[Source data]

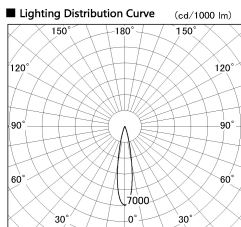

Item no. DD126-1415WW9027-LX

Series Name: Cledy versa L-G  
(DD126\_AG-LX)

White Reflector

Direct Horizontal Illuminance DD126-1415WW9027-LX

Illuminance Angle	Beam Angle	Vertical Illuminance (lx)
19°	0	30850
	1	7710
20°	0	3430
	1	1930
20°	2	1230
	3	860
20°	1000	630
	1330	480

Installation	Recessed mount
Type	Lens type adjustable downlight : Antiglare type
Fixture wattage	14W
Beam angle	19deg
Color Temp.	2700K
CRI	Ra>90
Luminous	1105 lm
Body	Die-castaluminumalloy
Body finish	N/A
Trim finish	White
Reflector finish	White
IP Rate	IP20
Light source	COB module
Input Voltage	AC220~240V
Dimming Type	Non-Dimmable
Certificate	CE,CCC
Cut Hole	100mm
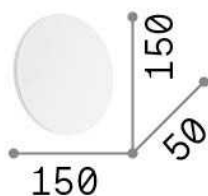

Info sorgente e prestazionali

Sorgente integrata	Integrated LED module
Sorgente sostituibile	Replaceable (by qualified operators only)
Potenza	LED 9,5 W
Emissione	Indirect
Consumo massimo	max 9,50 W
Caratteristiche LED	LED SMD
CCT LED	3000 K
Durata LED (t. 25°c)	30000 h
CRI	> 90
Flusso sorgente	830 lm
Flusso utile	470 lm
Lampadina inclusa	1 - E14 OLIVA 4W 3000K CRI80 SATIN
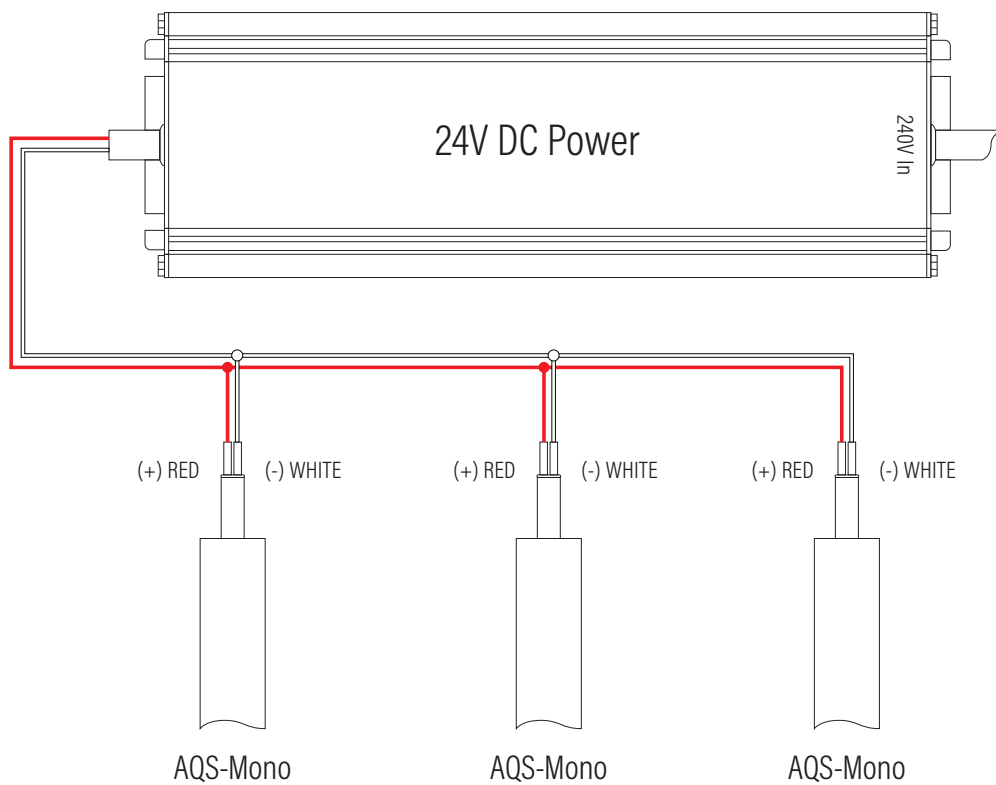

Mono
24V DC
2 Wire
Single Ended/No Dim

36

Mono - 24V DC - 2 Wire - Single Ended - No Dimming

Mono
24V DC
2 Wire
Single Ended/No Dim

36

Wiring Diagram

Aqualux Codes

AQD24-040

AQD24-100

AQD24-240

Check website for single end run lengths
3 Fitting Example only
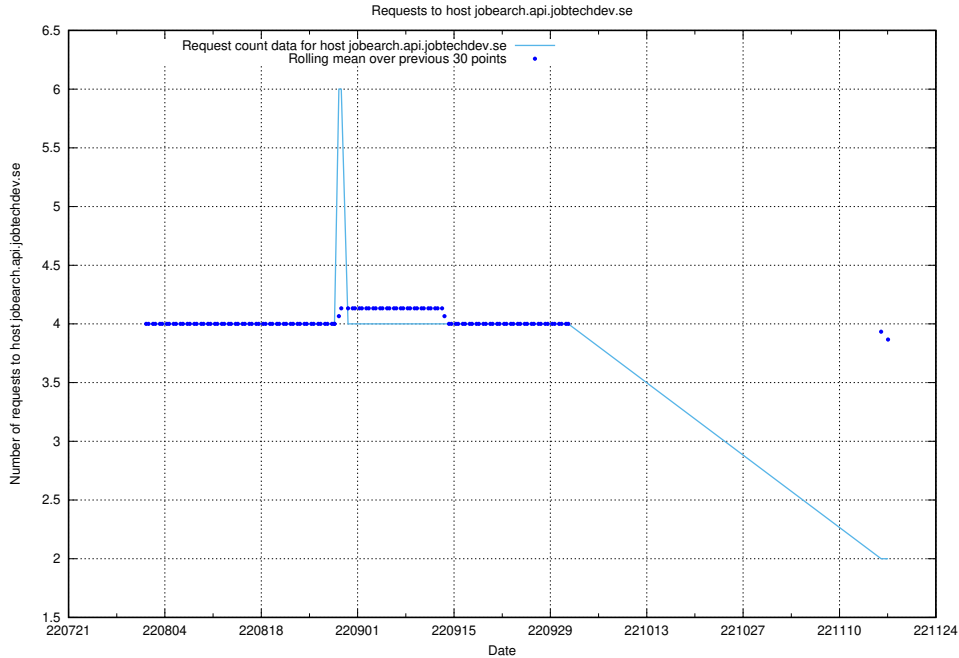

7.364 Usage of jobearch.api.jobtechdev.se

Here, we count the number of requests to host jobearch.api.jobtechdev.se.

[What you will do] An exact, word-for-word copy of the records is expected, with no pictures in it.

[Finished exercise]
Item no. DD126-1415WW9027-LX

Series Name: Cledy versa L-G  
(DD126\_AG-LX)

White Reflector

Direct Horizontal Illuminance DD126-1415WW9027-LX

Illuminance Angle	Beam Angle	Vertical Illuminance (lx)
19°	0	30850
	1	7710
20°	0	3430
	1	1930
20°	2	1230
	3	860
20°	1000	630
	1330	480

Installation	Recessed mount
Type	Lens type adjustable downlight : Antiglare type
Fixture wattage	14W
Beam angle	19deg
Color Temp.	2700K
CRI	Ra>90
Luminous	1105 lm
Body	Die-castaluminumalloy
Body finish	N/A
Trim finish	White
Reflector finish	White
IP Rate	IP20
Light source	COB module
Input Voltage	AC220~240V
Dimming Type	Non-Dimmable
Certificate	CE,CCC
Cut Hole	100mm

Info sorgente e prestazionali

Sorgente integrata	Integrated LED module
Sorgente sostituibile	Replaceable (by qualified operators only)
Potenza	LED 9,5 W
Emissione	Indirect
Consumo massimo	max 9,50 W
Caratteristiche LED	LED SMD
CCT LED	3000 K
Durata LED (t. 25°c)	30000 h
CRI	> 90
Flusso sorgente	830 lm
Flusso utile	470 lm
Lampadina inclusa	1 - E14 OLIVA 4W 3000K CRI80 SATIN

Mono
24V DC
2 Wire
Single Ended/No Dim

36

Mono - 24V DC - 2 Wire - Single Ended - No Dimming

Mono
24V DC
2 Wire
Single Ended/No Dim

36

Wiring Diagram

Aqualux Codes

AQD24-040

AQD24-100

AQD24-240

Check website for single end run lengths
3 Fitting Example only

7.364 Usage of jobearch.api.jobtechdev.se

Here, we count the number of requests to host jobearch.api.jobtechdev.se.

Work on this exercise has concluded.